Radio waves are electromagnetic radiation. Electromagnetic radiation contains of two components, one electrical and one magnetic. These components create each other, as said above. The red magnetic field creates a blue electric field, which creates the next magnetic field, and so on.

enter image description here

I got this diagram from wikipedia, but my physics book and Jim Hawkins WA2WHV give the same diagram.

In the comments, a discussion followed:

Olin Lathrop: Your first diagram is wrong. The B and E fields are actually 90 degrees out of phase with each other, not in phase as the diagram shows. The energy is constantly sloshing back and forth between the E and B fields.

Keelan: Are you sure? Wikipedia and my physics book show different. The two fields should have a fixed ratio, I believe, which cannot happen when out of phase. One field is horizontal and the other vertical, there's a 90 degrees angle - the diagram is an attempt to show three dimensions.

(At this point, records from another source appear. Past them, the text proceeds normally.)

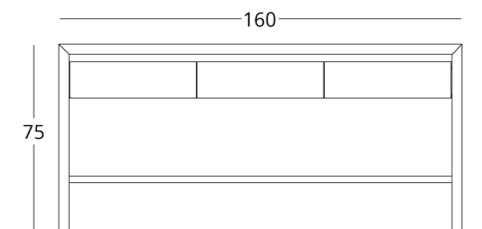

see the price on our website: www.taffor.com | hello@taffor.com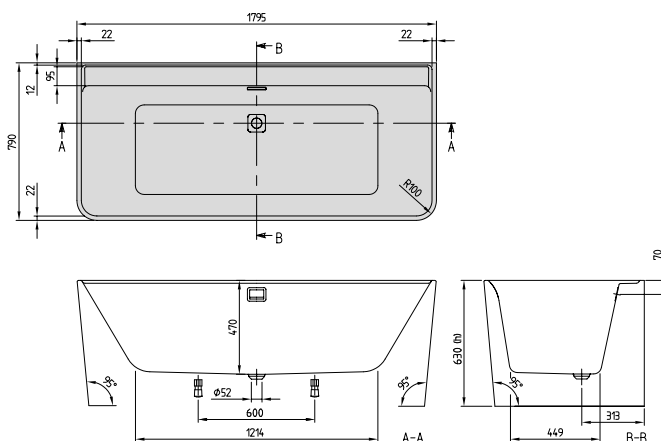

COLLARO (Wall-facing 1790 x 790) Acrylic

h = Installation height (min - max)	
Bath with panel	630

NEW

Article number	Description	Size l x w	Bottom l x w	Depth	Litres incl. 1 pers	Weight (kg)	01	pcs/pal.
UBA 180 COR 9CS00VP-01	Collaro, wall-facing, seamless, White Alpin	1790 x 790	1214 x 449	470	218	43	2.012,-	1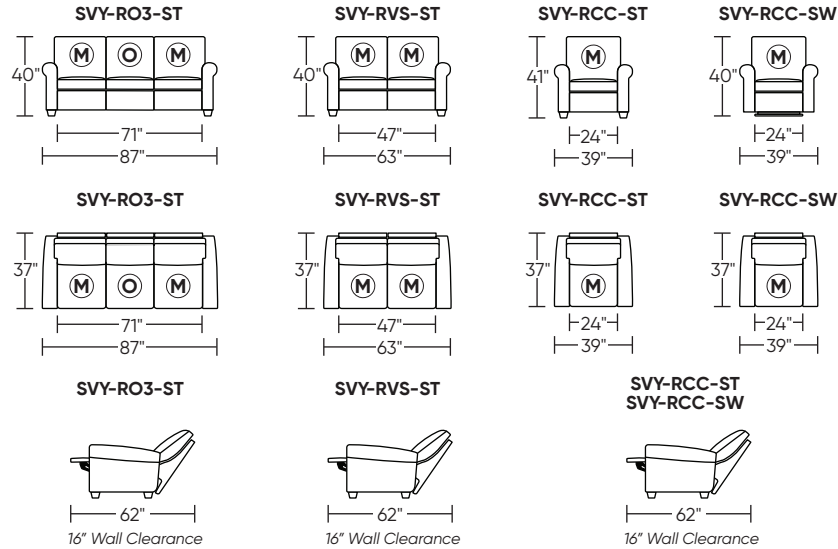

Options:

- Premium high-density, high-resiliency foam seats encased in down with semi-attached down back cushions
- Extra-firm premium high-density, high-resiliency foam seats encased in down with semi-attached down back cushions
- Extra-firm premium high-density, high-resiliency foam seats with semi-attached fiber back cushions
- Premium high-density, high-resiliency spring foam seats with semi-attached fiber back cushions
- Premium high-density, high-resiliency spring foam seats encased in down with semi-attached down back cushions
- Wood legs available in Dune, Ebony, Mink, or Oiled Ash finish

Additional Power Options:

- Motorized recliner* with an in-arm control panel that is easy to use and includes a USB charging port
- Available on seats with an arm (Right and left arms on RO3, both seats on RVS)
- RO3 middle seat has Power, Manual, or Stationary options
- Motor and electronics have a limited three-year warranty
- Lithium-ion battery pack available
- Battery pack has a one-year warranty

*Recommended to use a battery pack with the motorized swivel recliner SVY-RCC-SW because of its low profile and swivel function. Plugging it into the wall is not advised.

Please use actual leather, fabric, Crypton®, Sunbrella® and Ultrasuede® swatches when specifying furniture as the colors shown may vary due to the printing process.

MOTION LEGEND:

- (M) = Motion* only
- (O) = Optional motion* or stationary

*Manual and Power motion available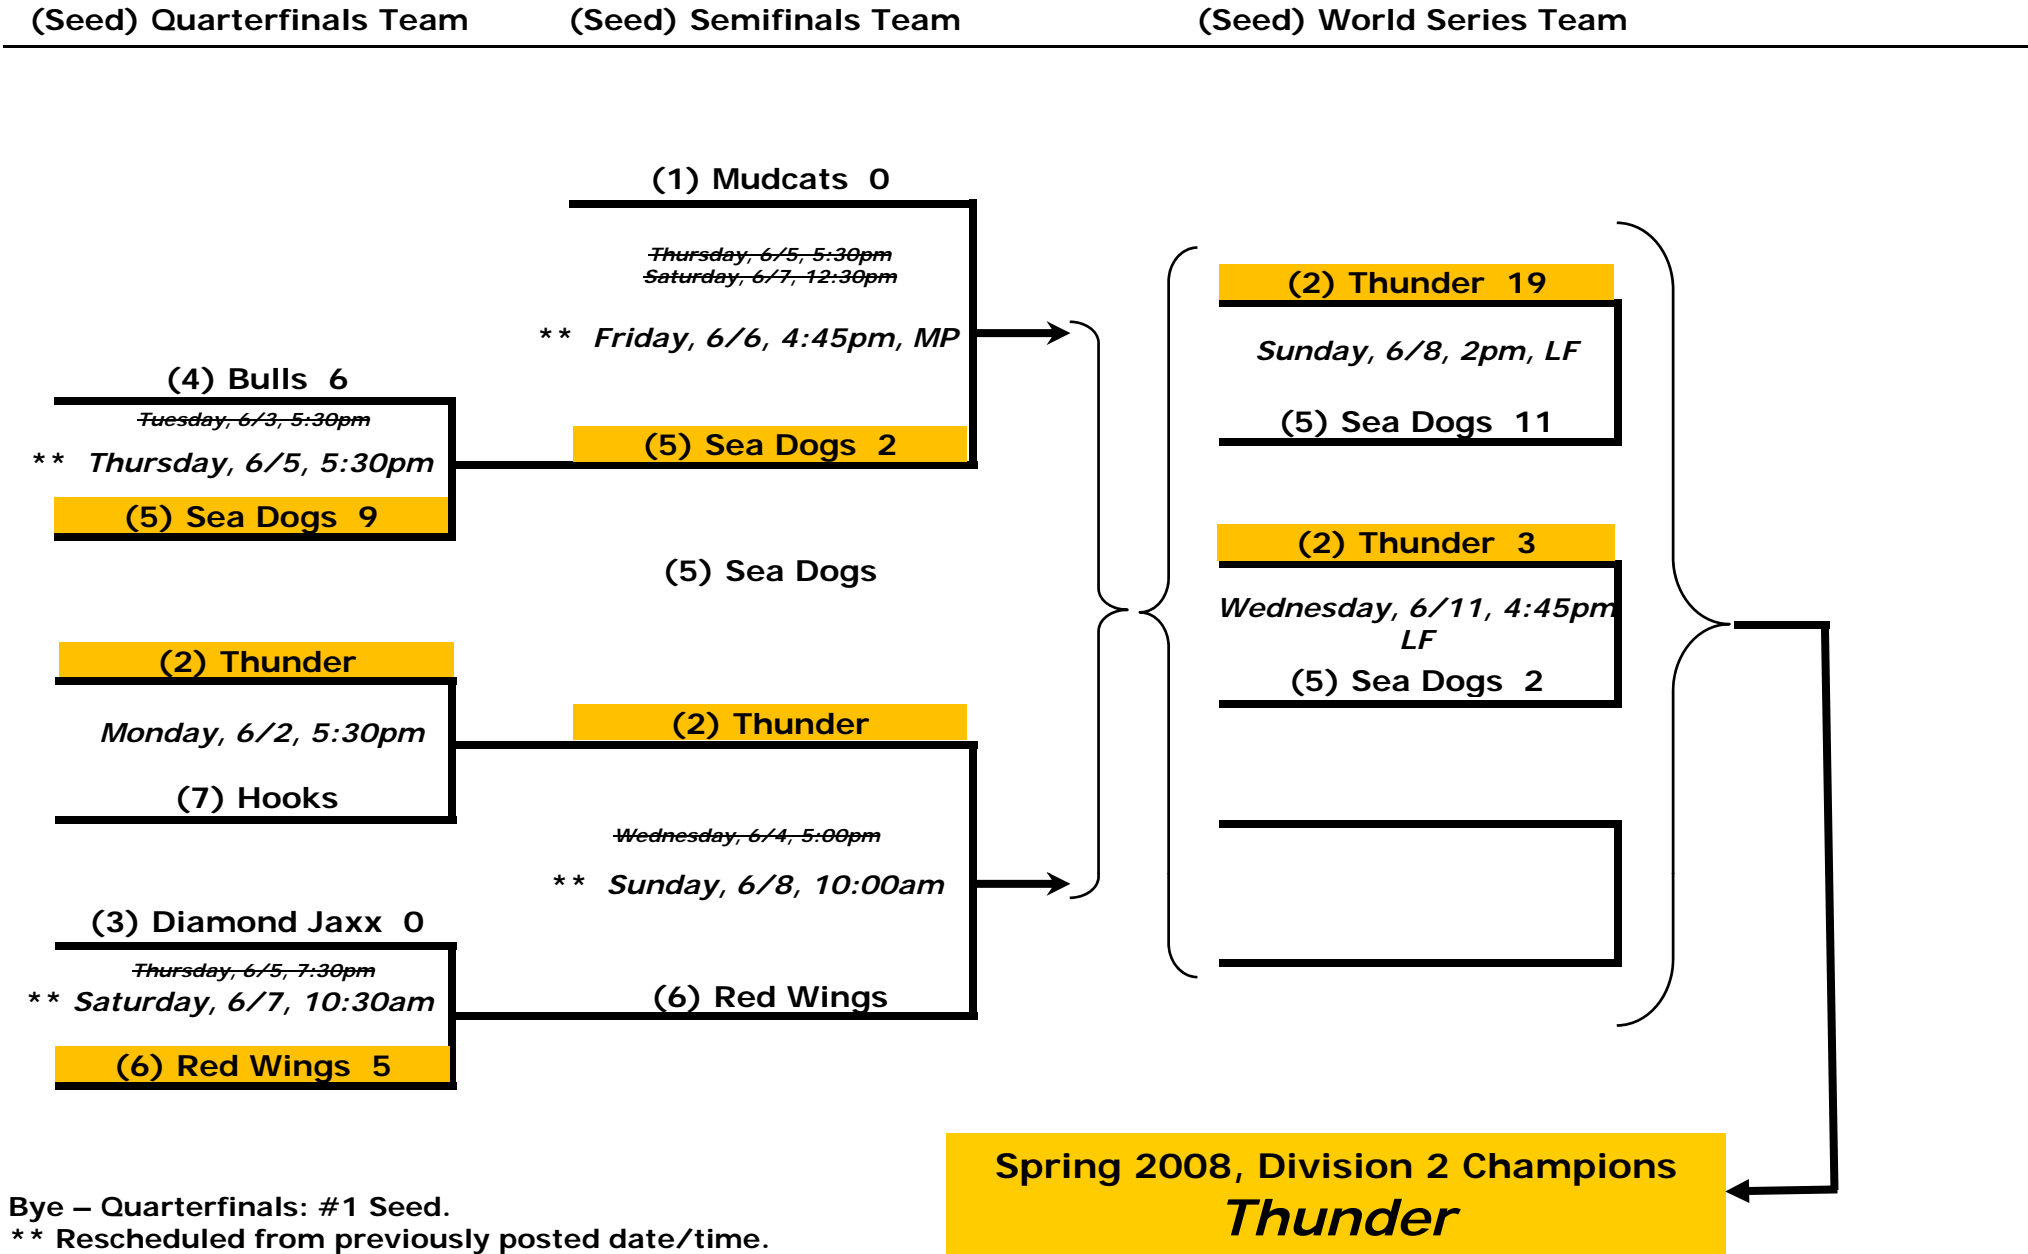

Spring 2008, Division 2 Playoffs

Page Last updated: 6/12/2008 5:33 AM

All games will be played at **Lederman Field** or **Mellon Park**. The finals will be best 2 of 3 games; all other match-ups are single elimination. All games are 6 innings. The higher seed (i.e., the lower number!) will be the home team in all games except game 2 of the finals.

Bye – Quarterfinals: #1 Seed.

** Rescheduled from previously posted date/time.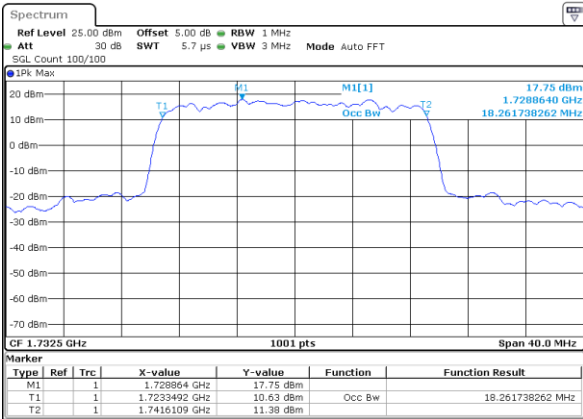

Date: 16 AUG 2017 22:46:30

Middle Channel / 15MHz / 16QAM

Date: 16 AUG 2017 22:46:41

Highest Channel / 15MHz / QPSK

Date: 16 AUG 2017 22:49:03

Highest Channel / 15MHz / 16QAM

Date: 16 AUG 2017 22:49:14

LTE Band 4

Lowest Channel / 20MHz / QPSK

Date: 16 AUG 2017 22:56:09

Lowest Channel / 20MHz / 16QAM

Date: 16 AUG 2017 22:56:20

Middle Channel / 20MHz / QPSK

Date: 16 AUG 2017 23:03:15

Middle Channel / 20MHz / 16QAM

Date: 16 AUG 2017 23:03:26

Highest Channel / 20MHz / QPSK

Date: 16 AUG 2017 23:05:49

Highest Channel / 20MHz / 16QAM

Date: 16 AUG 2017 23:05:59

LTE Band 5

Lowest Channel / 1.4MHz / QPSK

Date: 17 AUG 2017 09:28:33

Lowest Channel / 1.4MHz / 16QAM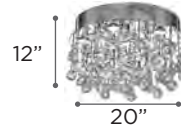

MODEL 81721PC
LAMP 7 X 50W - 120V - GU10
(included)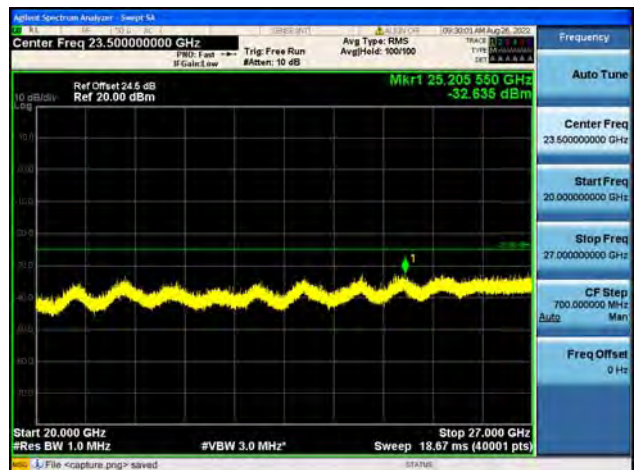

Band41-20G-27G / 20MHz / Low CH / QPSK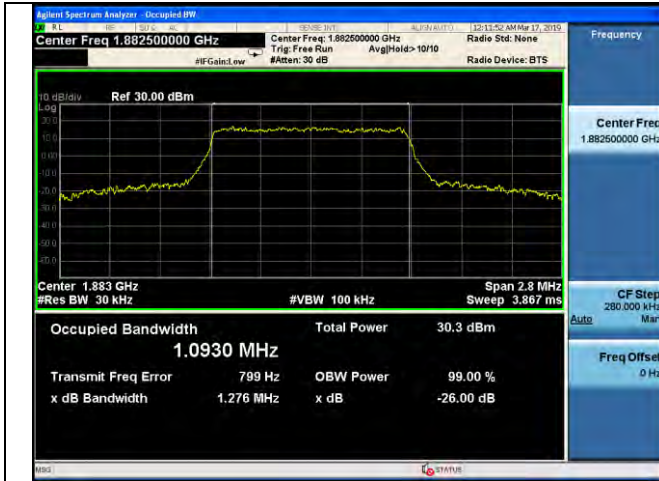

1.4MHz / 16QAM / Low Channel

1.4MHz / 64QAM / Low Channel

1.4MHz / QPSK / Middle Channel

1.4MHz / 16QAM / Middle Channel

1.4MHz / 64QAM / Middle Channel

LTE Band 25 _ 99% Bandwidth & 26dB Bandwidth

1.4MHz / QPSK / High Channel

1.4MHz / 16QAM / High Channel

1.4MHz / 64QAM / High Channel

3MHz / QPSK / Low Channel

3MHz / 16QAM / Low Channel

3MHz / 64QAM / Low Channel

LTE Band 25 _ 99% Bandwidth & 26dB Bandwidth

3MHz / QPSK / Middle Channel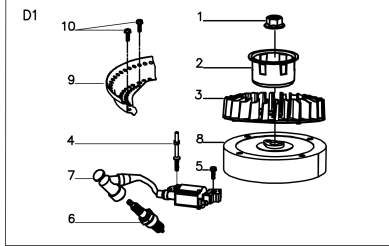

HYUNDAI

POWER PRODUCTS

Y145V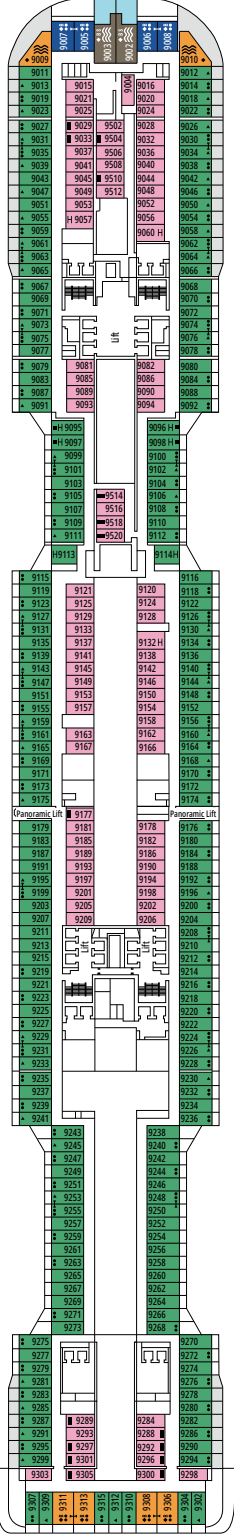

TV STUDIO & BAR

L'ATELIER DU VOYAGEUR

DECK 4
SAINT HELENA

DECK 5
ELBE RIVER

DECK 6
OCEAN CAY

DECK 7
GALÁPAGOS

DECK 8
MARION ISLAND

DELPHI THEATRE

MINI CLUB

DECK 9
BLUE BAY

DECK 10
ROSS SEA

DECK 11
FERNANDO DE NORONHA

DECK 12
RAPA NUI

DECK 13
ZAKYNTHOS

TEENS CLUB

INFINITY BAR

DECK 14
GOLFE DU MORBIHAN

DECK 15
CINQUE TERRE

DECK 16
GREAT BARRIER REEF

DECK 18
PORTUGUESE ISLAND

DECK 19
PALAU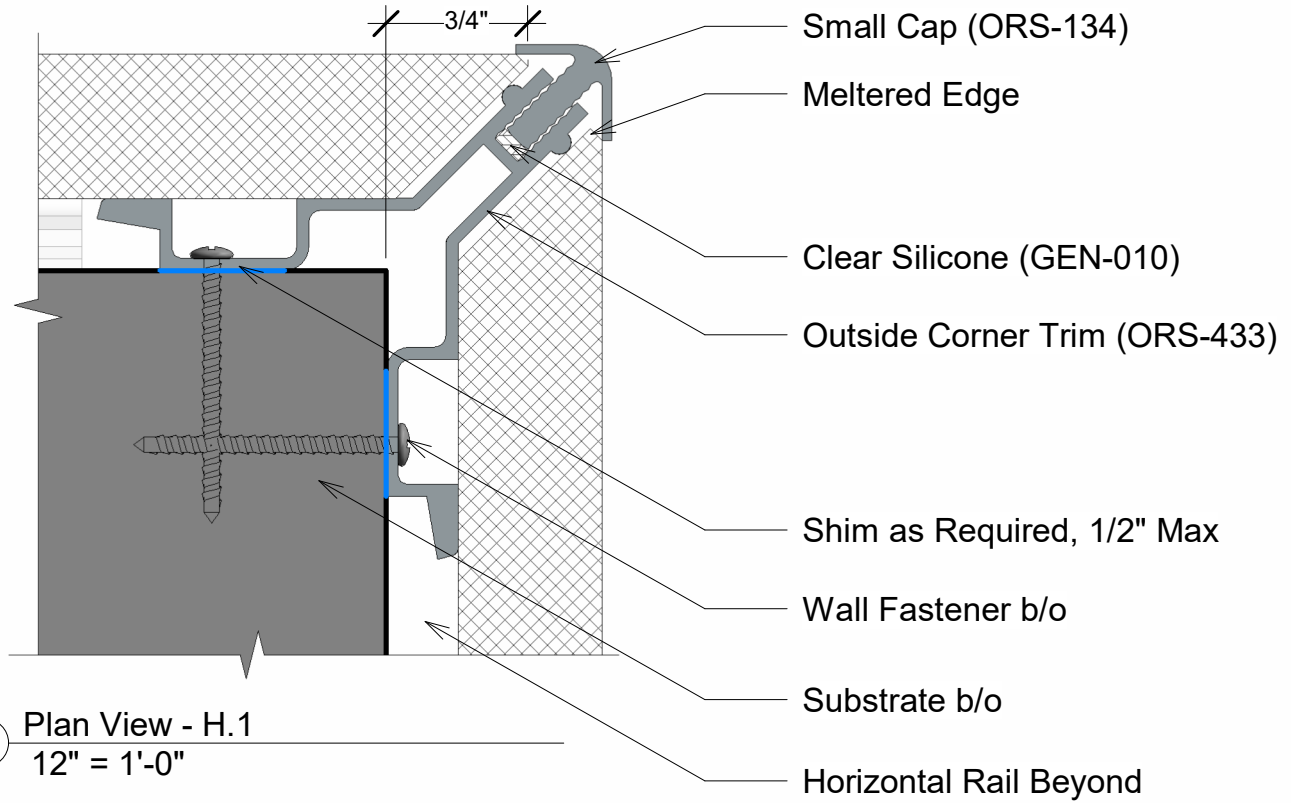

Open Reveal can be utilized with, Plastic laminate, Wood veneer, Porcelain, Glass and Aluminum/Metal laminate Panels

① Plan View - G
12" = 1'-0"

② ORS-403 (G)
Edge Trim x 2

Title: Inside Corner		View: Plan	Date: 03/22/24	 Wall Panel Systems, Inc. Tel: 877-333-4WPS support@wpsusa.com Web: www.wpsusa.com © 2007 Wall Panel Systems Inc.
Detail: G	System Type: 3/4" Open Reveal Syst. Hyb	Scale: Full	Draw By: WPS, Inc.	

Open Reveal can be utilized with, Plastic laminate, Wood veneer, Porcelain, Glass and Aluminum/Metal laminate Panels

① Plan View - H
12" = 1'-0"

② ORS-433 (H)
Outside Corner Trim

Title: Outside Corner		View: Plan	Date: 03/22/24	 Wall Panel Systems, Inc. Tel: 877-333-4WPS support@wpsusa.com Web: www.wpsusa.com © 2007 Wall Panel Systems Inc.
Detail: H	System Type: 3/4" Open Reveal Syst. Hyb	Scale: Full	Draw By: WPS, Inc.	

Open Reveal can be utilized with, Plastic laminate, Wood veneer, Porcelain, Glass and Aluminum/Metal laminate Panels

② ORS-433 (H.1)
Outside Corner Trim

③ ORS-134 (H.1)
Small Cap

Title: Outside Corner		View: Plan	Date: 03/22/24	 Wall Panel Systems, Inc. Tel: 877-333-4WPS support@wpsusa.com Web: www.wpsusa.com © 2007 Wall Panel Systems Inc.
Detail: H.1	System Type: 3/4" Open Reveal Syst. Hyb	Scale: Full	Draw By: WPS, Inc.	

Open Reveal can be utilized with, Plastic laminate, Wood veneer, Porcelain, Glass and Aluminum/Metal laminate Panels

② ORS-433 (H.2)
Outside Corner Trim

③ ORS-135 (H.2)
Large Cap

Title: Outside Corner		View: Plan	Date: 03/22/24	 Wall Panel Systems, Inc. Tel: 877-333-4WPS support@wpsusa.com Web: www.wpsusa.com © 2007 Wall Panel Systems Inc.
Detail: H.2	System Type: 3/4" Open Reveal Syst. Hyb	Scale: Full	Draw By: WPS, Inc.	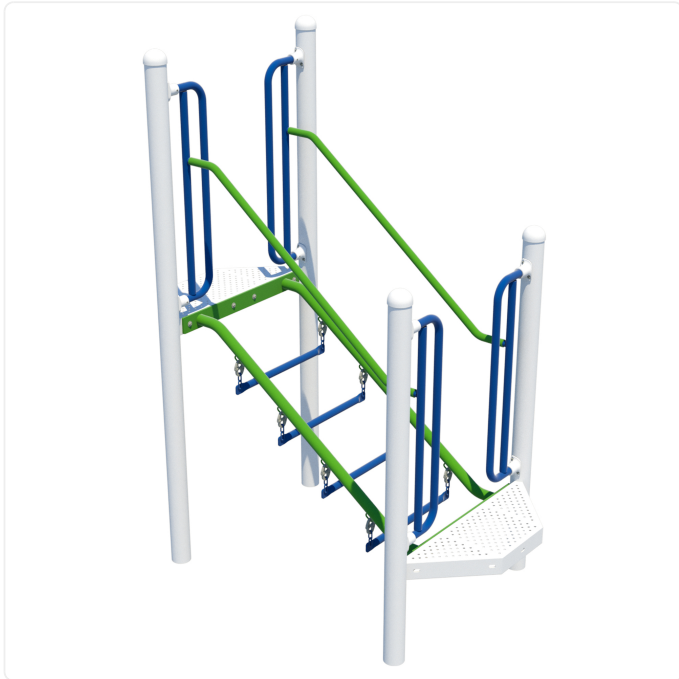

Wiggle Link

SPECIFICATIONS

Length	4'
Age Range	5-12yr
Type of Play	physical
Features	balancing activity
Motor Skills	balance; foot-eye coordination; lower body strength
Materials	durable, anti-rust coated chain; powder-coated steel; stainless steel hardware
Colour Options	available in various colour schemes

OVERVIEW

The Wiggle Link component challenges kids to make their way from one platform to another using horizontal rungs suspended from chain, creating a fun “wobble factor” that kids love. Rising 28", it provides an engaging way to link a lower deck to a higher one, with handrails for extra support.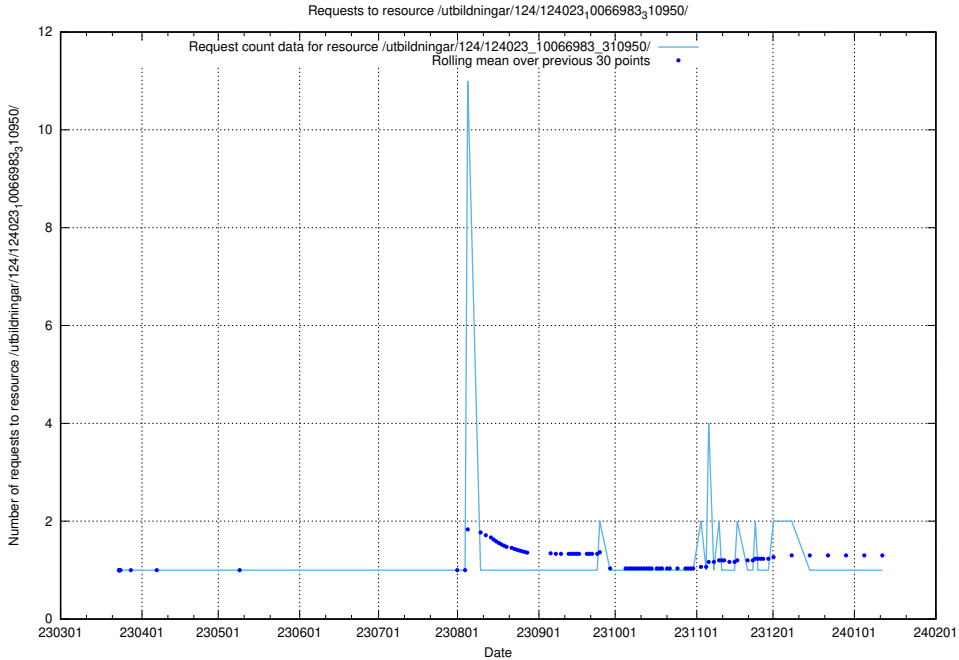

5.4258 Usage of /utbildningar/124/124023_10066983_310950/

Here, we count the number of requests to resource /utbildningar/124/124023_10066983_310950/.

Olin Lathrop: Hmm. I always understood them to be in quadrature, but I don't have time to look that up right now. This could be a case of one bad diagram blindly copied by lots of others. Where is the energy when both fields hit 0 in your diagram? In quadrature, the sum of the squares of each field's amplitude is a constant, which gives a good explanation of how the energy can persist. It sloshes back and forth between the two fields, but its total is always the same.

I follow Olin's logic and can't say myself why the fields would be in phase. So my question is: are the E and B fields of electromagnetic radiation in phase or not? How can one understand this?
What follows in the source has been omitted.